Technical information
- Licensing authority: FCC
- Facility ID: 39640
- Class: A
- ERP: 5,300 watts
- HAAT: 106 meters (348 ft)
- Transmitter coordinates: 40°58′19.3″N 72°20′52.2″W﻿ / ﻿40.972028°N 72.347833°W

Links
- Public license information: Public file; LMS;
- Webcast: Listen live
- Website: www.wlng.com

= WLNG =

WLNG (92.1 FM) is an oldies/adult hits radio station licensed to Sag Harbor, New York, and serving eastern Long Island. WLNG is owned and operated by Bark Out Loud Dogs Media, LLC, a company led by meteorologist Bill Evans and his wife Sandra Foschi.

==Programming and history==
WLNG has only had three ownership changes since its founding in 1963.

Fitzgerald C. Smith (1922–2005) started the station on August 13, 1963. Fitzgerald (known as Jerry) had been a reporter for The New York Times and NBC radio. WLNG began broadcasting on AM at 1600 kHz. In 1996 the 1600 frequency was sold to WWRL so that they could increase the power of their station which was on the same frequency closer to New York City. WLNG has been broadcasting on FM since 1969. Its FM transmitter is located on a hill in Noyack, New York, which disc jockeys call "Mount Sidney" after longtime station president Paul Sidney (1940–2009). The station's call letters come from Long Island. It transmitted in monaural until January 20, 2011, a rarity on the FM band which is mostly stereo.

The station was sold to Robert King in 1969. King was owner of Montauk Caribbean Airlines (later Long Island Airways) which offered commuter air service between East Hampton and New York City. The station was operated by a trust after his death in 2014.

WLNG has earned a reputation as a throwback to an earlier era with its frequent use of jingles, reverb, frequent remote broadcasts at local events, and personality disc jockeys. In 1998, on the occasion of the station's 35th anniversary on the air, and president Paul Sidney's 34th year there, he stated "The key to staying around for 35 years is pretty simple: Be local, in news, sound and music."

The station's target market is the Hamptons and eastern Long Island, though the station has been noted as being heard "from Mastic to Montauk; the signal even reaches parts of Rhode Island and Connecticut". According to Sidney and local business people, the station built good relationships with local establishments, and as of 2004 was producing 250 remote broadcasts per year from community locales, events and businesses.

The station is noted for its use of numerous jingles (many from the original PAMS jingle library), which are often aired back-to-back. Paul Sidney, who was with the station beginning in 1964, started the jingle practice. As the use of jingles declined in the 1970s, Sidney "became obsessed with them" and collected over 2,000. As he put it in a New Yorker magazine "Talk of the Town" article in 2002, "We're the only station that when we say 'Here comes fourteen in a row' we're not talking about records."

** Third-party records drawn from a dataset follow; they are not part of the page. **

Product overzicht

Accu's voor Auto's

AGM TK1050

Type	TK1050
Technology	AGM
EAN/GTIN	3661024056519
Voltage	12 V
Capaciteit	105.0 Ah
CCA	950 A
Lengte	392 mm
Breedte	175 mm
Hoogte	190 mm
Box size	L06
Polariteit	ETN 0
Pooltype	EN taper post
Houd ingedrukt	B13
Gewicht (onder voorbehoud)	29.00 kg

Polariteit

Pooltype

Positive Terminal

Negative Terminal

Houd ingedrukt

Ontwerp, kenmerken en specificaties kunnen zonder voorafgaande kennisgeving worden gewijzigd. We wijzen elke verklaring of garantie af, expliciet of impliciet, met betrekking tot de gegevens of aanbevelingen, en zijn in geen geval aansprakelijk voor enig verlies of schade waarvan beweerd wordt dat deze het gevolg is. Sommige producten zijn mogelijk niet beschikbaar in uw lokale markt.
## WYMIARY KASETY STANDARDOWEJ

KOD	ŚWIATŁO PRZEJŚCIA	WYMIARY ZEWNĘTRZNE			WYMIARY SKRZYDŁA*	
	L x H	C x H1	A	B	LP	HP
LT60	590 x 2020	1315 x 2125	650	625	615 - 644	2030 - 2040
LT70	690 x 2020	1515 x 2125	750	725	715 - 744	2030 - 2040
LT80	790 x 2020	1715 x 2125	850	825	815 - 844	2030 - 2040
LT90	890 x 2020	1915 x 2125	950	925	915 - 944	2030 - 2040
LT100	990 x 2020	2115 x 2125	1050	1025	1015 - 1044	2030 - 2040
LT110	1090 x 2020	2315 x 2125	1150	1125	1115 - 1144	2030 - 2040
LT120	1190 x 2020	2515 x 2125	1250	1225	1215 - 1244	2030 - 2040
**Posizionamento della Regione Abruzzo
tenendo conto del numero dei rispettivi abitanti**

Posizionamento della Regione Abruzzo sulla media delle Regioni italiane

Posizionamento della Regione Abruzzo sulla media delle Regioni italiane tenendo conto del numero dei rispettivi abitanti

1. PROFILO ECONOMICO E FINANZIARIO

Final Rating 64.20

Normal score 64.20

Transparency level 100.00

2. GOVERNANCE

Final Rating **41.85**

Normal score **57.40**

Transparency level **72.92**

WLNG was one of the first radio stations in the country to focus on playing oldies, and identified itself as "The Oldies Station" beginning in the early 1960s despite a consultant's warning. While the station included current hits in rotation for decades and even as recently as 1999, today its playlist is almost all oldies.

As of 1988, WLNG competed with 22 other stations in its market. In 2005 Edison Research wrote about WLNG's standing in the area:
"...one of the oddest success stories of recent months: WLNG Eastern Long Island, N.Y., whose broad playlist, retro jingles, and endless remotes have made it a radio junkie's favorite for years. Then the market got its first ratings, and suddenly WLNG was No. 3 12-plus – an individually owned station hanging in when the groups were pulling out, or at least getting nervous."

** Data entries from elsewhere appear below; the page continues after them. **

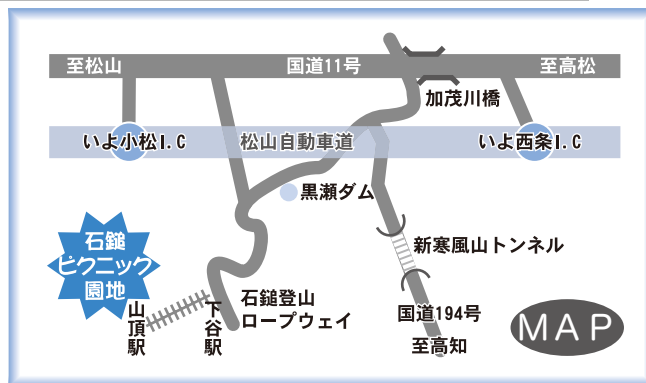

ソリ競争 10時15分～

定員 96人
 小学2年生以下の部
 小学3年生～4年生の部
 小学5年生～6年生の部
 中学生以上の部

冬の自然観察会 10時15分～

・冬の森ウォッチング
 対象 小学生以上

**ここ掘れワンワン！
お宝はどこだ 11時～**

定員 300人
 小学2年生以下の部
 小学3年生～中学生以下の部

**サンタクロースのクリスマス
プレゼント 11時～、13時～**

対象 小学生以下

雪玉ダーツ 11時～14時

対象 小学生以下
 ※参加者全員に賞品あり

大鍋無料サービス 11時30分～

大抽選大会 12時～

来場者全員での大抽選大会です。
 たくさんの賞品を用意しています。

親子スキー&スノーボード教室 13時30分～

対象 小学生以上の初心者
 定員 スキーの部 40人
 スノーボードの部 20人

12月24日(日)

場所：石鎚ピクニック園地

標高1,300メートル。石鎚登山ロープウェイ山頂駅を降りて
 すぐの石鎚ピクニック園地で、雪遊びの祭典「スノーカーニバル
 in 石鎚」が開催されます。

白銀に包まれた石鎚山系の雄大な自然の中で、思いっきり雪
 遊びを楽しもう！

- 参加者特典**
- ・ロープウェイ料金（子ども：往復無料、大人：料金割引）
 - ・石鎚ピクニック園地内のリフト無料開放

- 注意点**
- ・イベントの内容によって、参加定員があります。（当日受付・先着順）
 - ・ゲレンデ状況等によりイベントの内容が変更になる場合があります。
 - ・手袋・帽子などは各自でご用意ください。
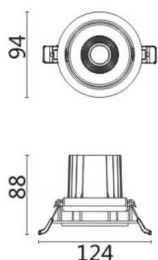

COMFORT A

Downlight Lavov de la familia COMFORT A con una potencia de 10W, CRI 80 y CCT 4000K, con una óptica de 24grados. con un flujo luminoso total de 790lm, y una eficacia luminosa de 79lm/W. Fabricado en Aluminio inyectado a presión y acabado en color Negro . Driver DALI.

Código artículo	86.D060.1423.02
Tipo de producto	Indoor
Categoría	Downlights
Familia	COMFORT A
Pictograms	

Esquema

Producto	
Potencia real (W)	10
Flujo luminoso real (lm)	790
Eficacia luminosa (lm/W)	79
Ángulo de apertura	24
Life time (h)	50000 h L80B10
IP	20
Color	Negro
Driver incluido	Si
Equipo	DALI
Flicker Free	Si
Light source	LED
Type of LED	COB
Temperatura de color (K)	4000
Consistencia de color (SDCM)	SDCM<3
CRI	80

In 1995, the station began leasing transmission tower space to Connecticut-based classical and NPR-affiliate WSHU-FM, during a period of increasing competition for listeners in specific demographics. At the time, the station was described by a competitor (WEHM), as probably generating "the most sales in the region", and Sidney stated that "banks regarded WLNG as the most successful station on the East End".

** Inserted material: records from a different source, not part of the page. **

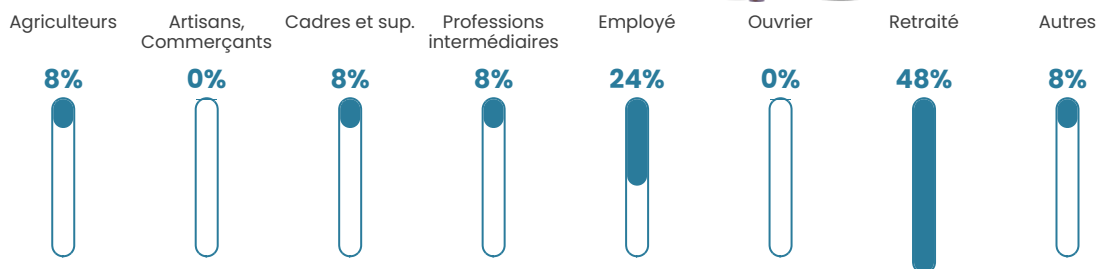

3 h/km²

Revenu moyen

NC

Evolution du nombre d'habitants

Sources : Institut national de la statistique et des études économiques (insee) selon Les dernières parutions officielles de 2024 portant sur les années 2020, 2021 et 2022.

Tranche d'âge

Activité professionnelle

Niveau de diplôme

Composition des ménages

Profils électoraux

Premier tour

	Jean-Luc MÉLENCHON	34.15 %
	Marine LE PEN	15.85 %
	Jean LASSALLE	13.41 %
	Emmanuel MACRON	9.76 %
	Fabien ROUSSEL	7.32 %
	Anne HIDALGO	7.32 %
	Éric ZEMMOUR	3.66 %
	Nicolas DUPONT- AIGNAN	3.66 %
	Yannick JADOT	2.44 %
	Valérie PÉCRESSE	2.44 %
	Nathalie ARTHAUD	0.00 %
	Philippe POUTOU	0.00 %
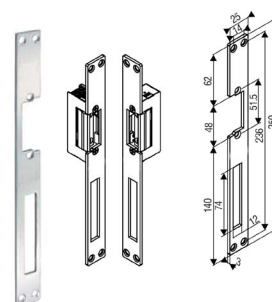

## Sobre a fechadura GK500

- Fechadura de vida longa testada em 500.000 ciclos
- Design versátil para aplicações residenciais e comerciais
- Modelo versão fail-safe: à prova de falhas
- Fechadura já vem com faceplate montado
- Largura ajustável até 3mm
- Tensão de trabalho 12VDC/24VDC

NORMAS

FORÇA

RESISTÊNCIA  
À CORROSÃO

TENSÃO  
SELECIONÁVEL

A Vault comercializa  
esse modelo de fechadura  
já com o faceplate.

Dimensões do strike

Dimensões do faceplate

### Características Técnicas

Código	GK500
Força de atração	290 Kg
Temperatura de operação	-10~+45 °C
Consumo de corrente	0.25A/12VDC   0.24A/24VDC
Umidade	0~95% sem condensação
Tensão de operação	12/24VDC
Material faceplate	Aço inoxidável
Material Fechadura	Zinco
Peso líquido	185g
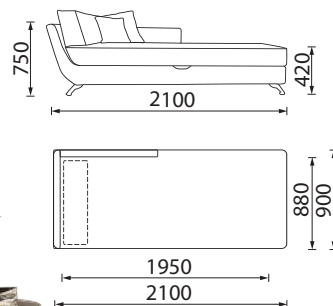

KUŠETĖ | PERLA

Elegantiška kušetė su miegamuoju mechanizmu ir dėže patalynei. Daiktadėžėse integruotos ventiliacinės ertmės užtikrina gerą oro laidumą ir čia laikomi daiktai išlieka gaivūs.

* Kušetė Perla

KUŠETĖ | MANGO

Stilinga, išskirtinio dizaino kušetė su dėže patalynei. Daiktadėžėje integruotos ventiliacinės ertmės užtikrina gerą oro laidumą ir čia laikomi daiktai išlieka gaivūs.

* Kušetė Mango

On May 29, 2015, longtime WLNG air personality Rusty Potz ended his run on the "Potz On The Program". Potz, who had been in radio for 52 years, retired to Sarasota, Florida, with his wife, Margaret, although he continues to work part-time selling advertising for the station.

At the start of 2019, with Evans and Foschi taking over the station half a month prior, the station's format was refined with its focus continuing on local programming.

==News and sports==
WLNG's local news coverage, according to the station's vice president in 2007, is considered the best by many locals and is famous for being the definitive source "with close to a 90% share" for weather information during major storms. On July 17, 1996, the station was broadcasting a live remote from Jamesport, New York when TWA Flight 800 crashed into the nearby Atlantic Ocean, and states that it was the first to break news of the event.

In 2007, the station became affiliated with ESPN 1050, for local broadcasts of ESPN sports radio, however it was not without some coverage difficulties, according to Newsday.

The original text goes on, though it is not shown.